[Records from a dataset]
== == ==

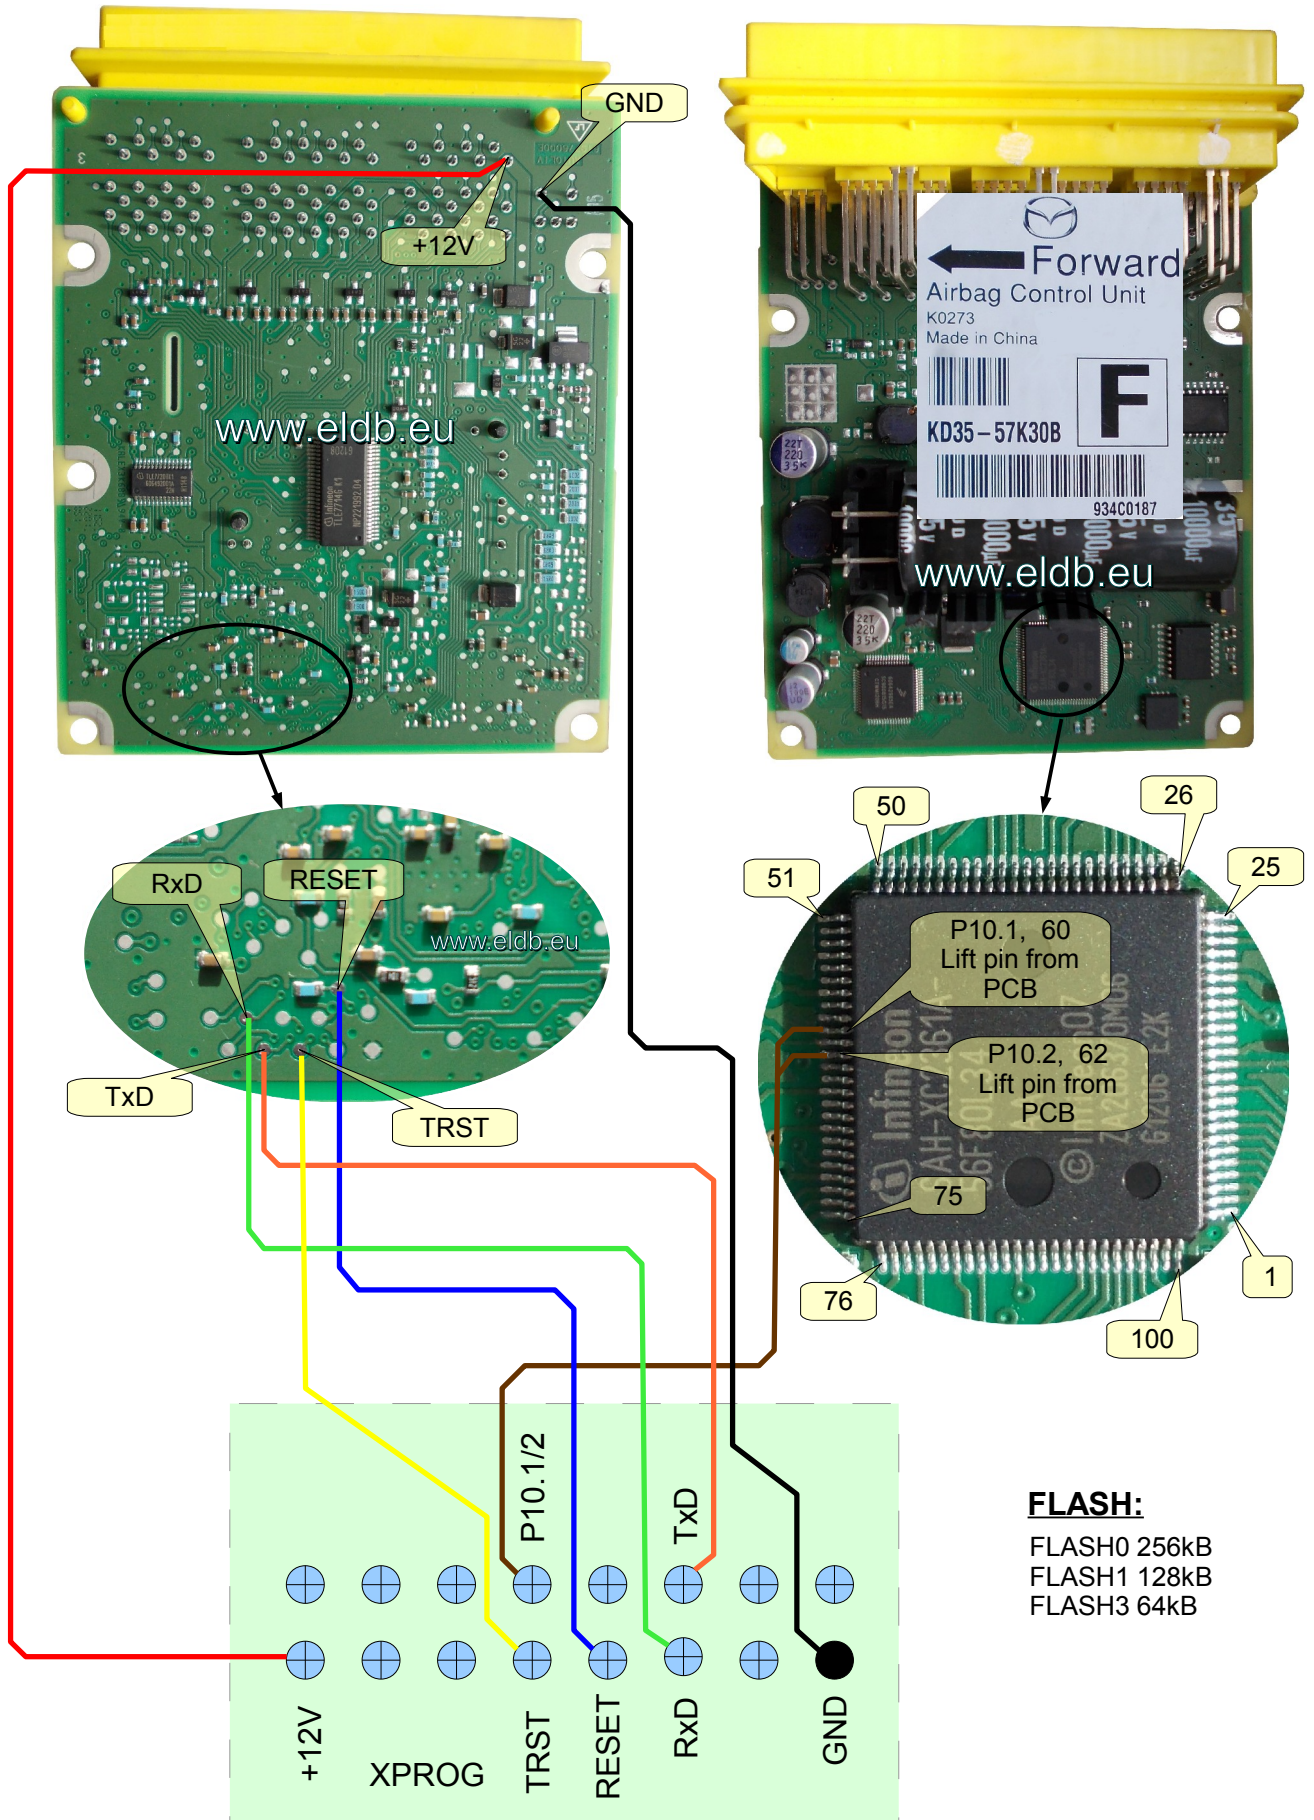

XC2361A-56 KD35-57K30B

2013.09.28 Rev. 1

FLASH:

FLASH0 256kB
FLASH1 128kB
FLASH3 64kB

== == ==

WHAT TO WORK ON =>
With the pictures removed, return all the entries exactly.

ANSWER TO THIS TASK =>
XC2361A-56 KD35-57K30B

2013.09.28 Rev. 1

FLASH:

FLASH0 256kB
FLASH1 128kB
FLASH3 64kB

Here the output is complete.